# Tips For Photoshop dat looks like DSLR image



## vimalvimi

give some tips for photoshop so that image looks like these ( like : depth of field , vignette :whistling:


----------



## zuluclayman

for vignetting: 

Make a new photoshop document at about the size of your most common photograph size, make sure when you make it that it has a transparent background, then with the gradient tool select radial gradient with the colours being black to transparent, tick the Reverse box, place the cursor in the centre of the document and drag out to the edge. You should end up with something like this:










Once you have that, open your image you want to vignette, select all (CTRL A) the vignette mask, copy it then paste it as a new layer on the image. You can then either:
select either Overlay or Soft light as the blending mode OR use the Opacity slider to reduce the opacity to the desired amount. If you use the blending mode further adjustment can be made using the opacity slider.
When using either of these methods you can play around with position and size of the vignetting mask by using the Transform command (CTRL T) to change the size and position and shape until you have the effect you want.

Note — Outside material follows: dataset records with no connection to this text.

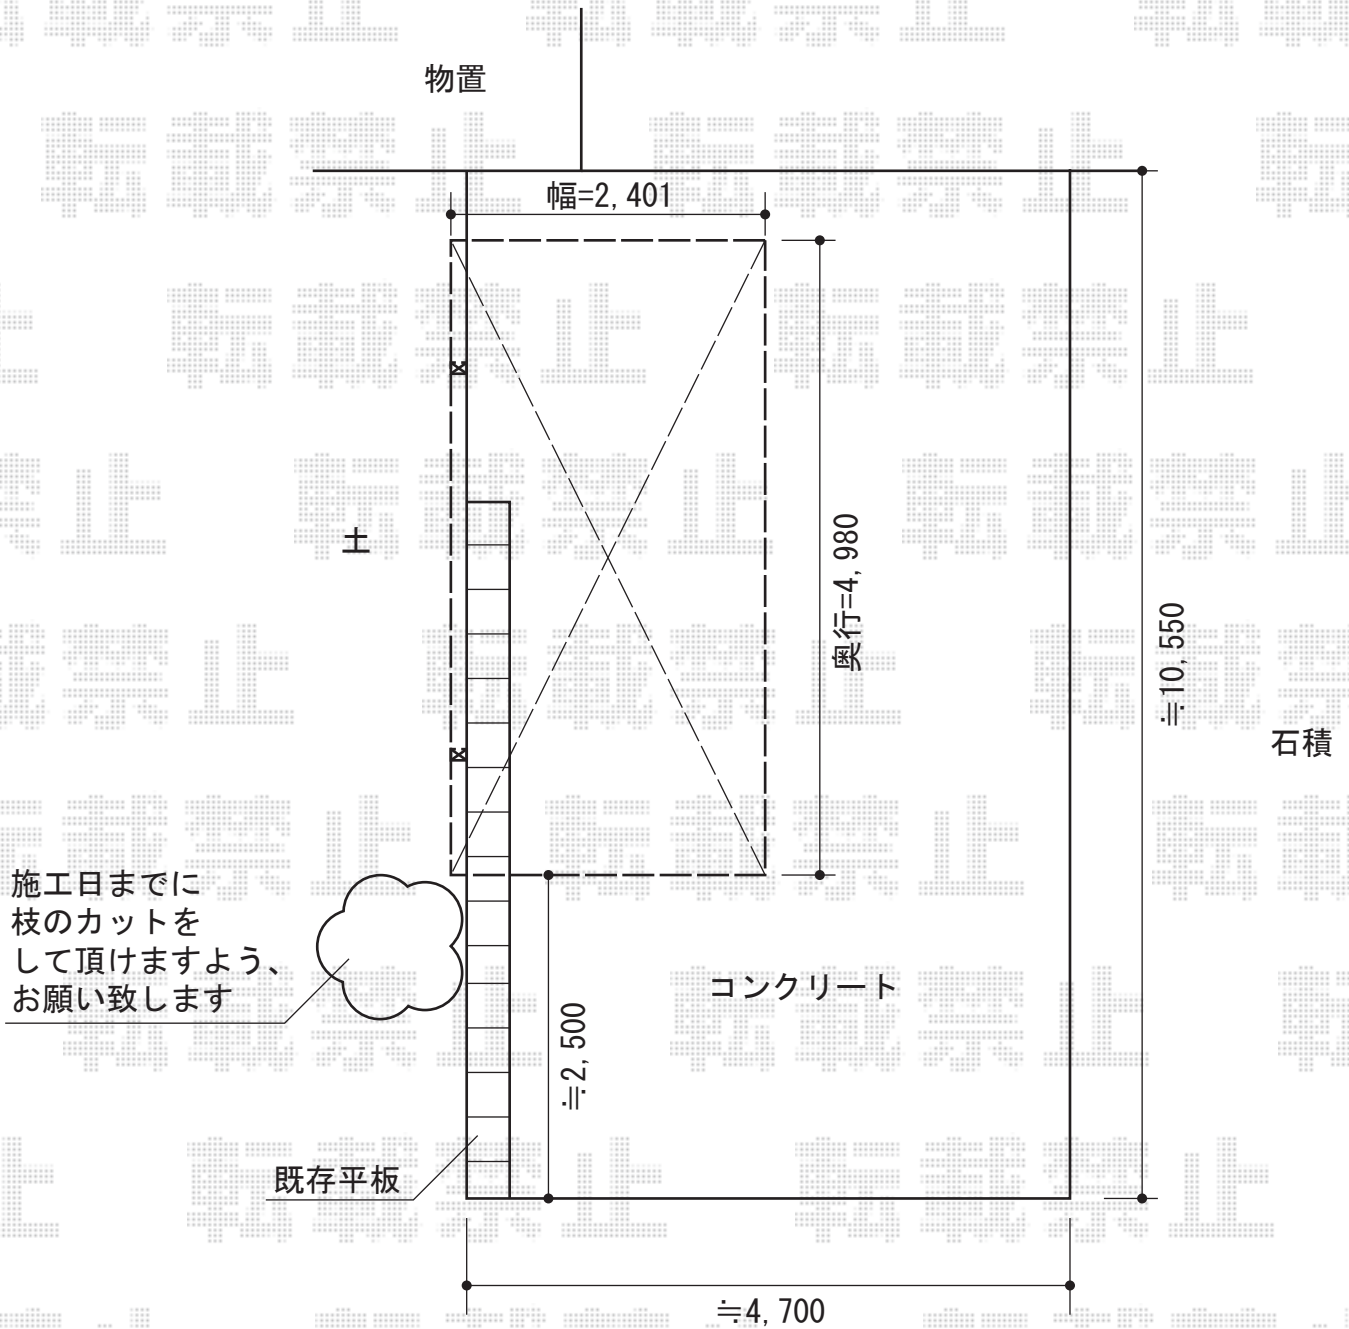

カーブポートシグマIII 積雪～30cm対応

トステム カーブポートシグマIII 積雪～30cm対応
幅=2,401mm
奥行=4,980mm
色：オータムブラウン
屋根材：ポリカーボネート（ブラウン）
柱仕様：標準柱仕様（有効高 約1,800mm）

トステム サイドパネル 1段H800 標準柱用
本体：50タイプ用
色：オータムブラウン
パネル材：ポリカーボネート（ブラウン）

トステム 収納式サポート 標準×2
色：オータムブラウン

現場状況や作図制限により概略図の内容と多少の違いが生じることがございます。
施工時は、現場優先とさせて頂きたく思いますので、お立会い頂き、
最終のご指示のほど、何卒、宜しくお願い致します。

EX-SHOP
HTTP://WWW.EX-SHOP.NET

担当：小林

The creamy look of the first one can be a little complex - most likely a combination of photo filters (in the Image, Adjustments menu), vignetting (as above), some blur and maybe diffusion.
In reality I think it has been done using Magic Bullet Photo Looks a photoshop plug-in available from Red Giant - all these effects and many more are available as presets or you can build your own Look from scratch in it.


----------



## vimalvimi

what about first image ? 
what kind of overlays are there


----------



## zuluclayman

> The creamy look of the first one can be a little complex - most likely a combination of photo filters (in the Image, Adjustments menu), vignetting (as above), some blur and maybe diffusion.
> In reality I think it has been done using Magic Bullet Photo Looks a photoshop plug-in available from Red Giant - all these effects and many more are available as presets or you can build your own Look from scratch in it.


----------



## vimalvimi

hmm yes like cross process


----------